Other Republicans, however, were less sanguine about the prospects of the FBI review altering the fundamentals of the race — especially not in the key swing states, where voters have already been bombarded with ads.
“I think at this late date, it would take more than a smoking gun. It would have to take the proverbial bullet … that ends political life, something so incredibly dramatic it would, in fact, eclipse the ‘Access Hollywood’ tapes,” said Brandon Scholz, a Republican operative based in Wisconsin, referring to the 2005 recording leaked earlier this month on which Trump can be heard bragging about sexual assault.
Patrick Murray, director of the Monmouth University Polling Institute, said that from the numbers he has seen, at best the revelations moved the race perhaps “1 or 2 points” — mostly in red states.
“In red states, Trump was running far behind the typical Republican already,” he said. Now, “it’s spurred a few to go out and say, ‘Yeah, I will vote’ … but when you look at places like Pennsylvania, or other places like North Carolina, for example, it doesn’t seem to be having as much of an impact there, and the reason being, those voters were already more tuned in to what is going on. Any of the swing states where the campaign has spent a lot of resources, people are paying close attention and…it doesn’t change what perceptions are about Hillary Clinton.”

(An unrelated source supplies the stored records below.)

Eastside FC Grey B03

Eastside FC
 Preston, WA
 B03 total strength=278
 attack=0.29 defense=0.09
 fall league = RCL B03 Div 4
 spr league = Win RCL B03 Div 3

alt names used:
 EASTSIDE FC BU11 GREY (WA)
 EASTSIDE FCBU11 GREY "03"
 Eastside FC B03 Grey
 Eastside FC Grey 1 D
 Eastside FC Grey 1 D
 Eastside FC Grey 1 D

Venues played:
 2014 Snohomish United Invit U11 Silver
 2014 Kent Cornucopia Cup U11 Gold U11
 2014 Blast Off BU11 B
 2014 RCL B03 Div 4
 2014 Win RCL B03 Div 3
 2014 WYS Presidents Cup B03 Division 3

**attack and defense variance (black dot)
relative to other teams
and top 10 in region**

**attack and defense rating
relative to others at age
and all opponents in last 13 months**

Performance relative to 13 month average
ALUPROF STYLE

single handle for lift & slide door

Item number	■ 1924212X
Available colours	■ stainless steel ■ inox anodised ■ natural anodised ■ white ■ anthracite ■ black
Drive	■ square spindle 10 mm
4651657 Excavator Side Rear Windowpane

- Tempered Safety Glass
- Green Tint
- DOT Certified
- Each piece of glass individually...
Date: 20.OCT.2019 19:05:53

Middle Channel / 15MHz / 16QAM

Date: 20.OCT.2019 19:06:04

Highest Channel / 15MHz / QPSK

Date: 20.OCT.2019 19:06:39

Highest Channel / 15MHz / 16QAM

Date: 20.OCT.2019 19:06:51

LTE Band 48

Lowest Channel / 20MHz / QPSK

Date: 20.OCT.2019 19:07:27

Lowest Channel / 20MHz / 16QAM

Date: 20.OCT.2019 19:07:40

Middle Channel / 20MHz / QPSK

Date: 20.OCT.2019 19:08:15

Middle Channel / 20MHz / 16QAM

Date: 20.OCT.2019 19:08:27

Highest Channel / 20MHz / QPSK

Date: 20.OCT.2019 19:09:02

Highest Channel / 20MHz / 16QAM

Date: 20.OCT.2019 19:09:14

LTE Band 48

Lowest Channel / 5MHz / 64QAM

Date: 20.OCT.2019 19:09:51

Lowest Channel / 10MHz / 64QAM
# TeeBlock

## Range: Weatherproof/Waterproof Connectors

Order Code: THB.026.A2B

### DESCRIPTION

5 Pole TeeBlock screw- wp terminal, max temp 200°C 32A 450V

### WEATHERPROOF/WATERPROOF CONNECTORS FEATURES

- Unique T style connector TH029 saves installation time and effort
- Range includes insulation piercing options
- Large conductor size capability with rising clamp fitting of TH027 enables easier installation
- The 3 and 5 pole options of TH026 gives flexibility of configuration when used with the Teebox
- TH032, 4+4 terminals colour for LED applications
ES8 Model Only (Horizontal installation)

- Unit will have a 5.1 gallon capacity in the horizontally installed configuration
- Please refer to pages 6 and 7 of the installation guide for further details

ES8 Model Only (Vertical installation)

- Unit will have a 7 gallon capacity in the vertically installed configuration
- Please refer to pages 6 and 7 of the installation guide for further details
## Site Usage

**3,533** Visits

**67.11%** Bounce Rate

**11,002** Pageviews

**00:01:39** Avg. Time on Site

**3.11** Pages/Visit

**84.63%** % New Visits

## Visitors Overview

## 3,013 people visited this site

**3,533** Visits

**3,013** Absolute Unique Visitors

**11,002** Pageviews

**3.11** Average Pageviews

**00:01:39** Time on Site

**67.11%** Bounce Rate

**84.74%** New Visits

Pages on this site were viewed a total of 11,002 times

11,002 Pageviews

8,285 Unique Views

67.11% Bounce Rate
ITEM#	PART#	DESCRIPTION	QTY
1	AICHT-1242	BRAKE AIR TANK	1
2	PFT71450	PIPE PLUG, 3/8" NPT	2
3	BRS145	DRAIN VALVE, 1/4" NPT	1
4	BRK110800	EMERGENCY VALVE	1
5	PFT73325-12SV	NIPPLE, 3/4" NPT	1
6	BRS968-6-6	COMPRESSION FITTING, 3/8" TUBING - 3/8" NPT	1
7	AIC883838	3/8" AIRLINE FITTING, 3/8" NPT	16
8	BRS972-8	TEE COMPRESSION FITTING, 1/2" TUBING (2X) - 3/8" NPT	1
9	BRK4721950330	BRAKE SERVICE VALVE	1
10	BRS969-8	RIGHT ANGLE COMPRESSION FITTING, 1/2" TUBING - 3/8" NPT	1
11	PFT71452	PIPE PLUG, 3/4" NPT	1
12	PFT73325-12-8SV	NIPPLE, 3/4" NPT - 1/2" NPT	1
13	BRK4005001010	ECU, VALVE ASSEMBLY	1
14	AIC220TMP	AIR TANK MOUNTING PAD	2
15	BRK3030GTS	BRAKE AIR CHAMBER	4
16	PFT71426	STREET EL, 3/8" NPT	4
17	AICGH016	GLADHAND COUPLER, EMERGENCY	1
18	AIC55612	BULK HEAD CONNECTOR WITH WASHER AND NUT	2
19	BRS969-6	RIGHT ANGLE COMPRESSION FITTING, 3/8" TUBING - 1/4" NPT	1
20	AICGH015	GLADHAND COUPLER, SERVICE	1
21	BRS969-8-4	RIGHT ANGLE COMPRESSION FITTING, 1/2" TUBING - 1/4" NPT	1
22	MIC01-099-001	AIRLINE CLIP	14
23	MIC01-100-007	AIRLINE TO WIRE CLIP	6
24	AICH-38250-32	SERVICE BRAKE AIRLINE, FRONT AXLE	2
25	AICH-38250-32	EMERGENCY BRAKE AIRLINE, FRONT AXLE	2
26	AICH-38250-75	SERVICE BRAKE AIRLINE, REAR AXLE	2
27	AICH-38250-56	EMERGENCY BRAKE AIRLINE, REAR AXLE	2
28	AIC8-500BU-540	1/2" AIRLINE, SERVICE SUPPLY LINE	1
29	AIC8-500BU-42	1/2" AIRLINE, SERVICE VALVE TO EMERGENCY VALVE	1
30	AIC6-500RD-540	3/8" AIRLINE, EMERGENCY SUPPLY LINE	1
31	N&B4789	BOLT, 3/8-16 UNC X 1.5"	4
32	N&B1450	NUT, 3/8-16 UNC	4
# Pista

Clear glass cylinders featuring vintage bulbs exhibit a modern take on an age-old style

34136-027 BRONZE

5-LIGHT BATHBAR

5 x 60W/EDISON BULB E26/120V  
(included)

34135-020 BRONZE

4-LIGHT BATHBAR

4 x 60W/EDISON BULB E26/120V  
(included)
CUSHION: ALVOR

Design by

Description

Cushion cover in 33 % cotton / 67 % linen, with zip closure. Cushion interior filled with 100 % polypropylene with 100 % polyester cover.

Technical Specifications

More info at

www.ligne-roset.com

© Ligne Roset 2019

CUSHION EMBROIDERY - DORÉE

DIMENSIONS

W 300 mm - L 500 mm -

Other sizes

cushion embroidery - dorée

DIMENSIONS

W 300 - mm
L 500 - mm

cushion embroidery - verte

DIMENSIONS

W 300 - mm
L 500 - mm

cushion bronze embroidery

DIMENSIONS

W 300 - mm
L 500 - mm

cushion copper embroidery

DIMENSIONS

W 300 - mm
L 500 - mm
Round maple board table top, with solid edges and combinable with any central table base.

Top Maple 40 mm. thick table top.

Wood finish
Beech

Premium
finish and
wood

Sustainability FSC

Clinton herself dismissed the FBI review at an Ohio campaign event Monday.
“They apparently want to look at emails of one of my staffers. And by all means, they should look at them,” Clinton said, referring to reports that the FBI had uncovered email messages of her longtime aide Huma Abedin and plans to assess whether they are significant to its investigation of her use of a private email server. “And I am sure they will reach the same conclusion they did when they looked at my emails for the last year. There is no case here.”
“They said it wasn’t even a close call, and I think most people have decided a long time ago what they think about all of this,” she added.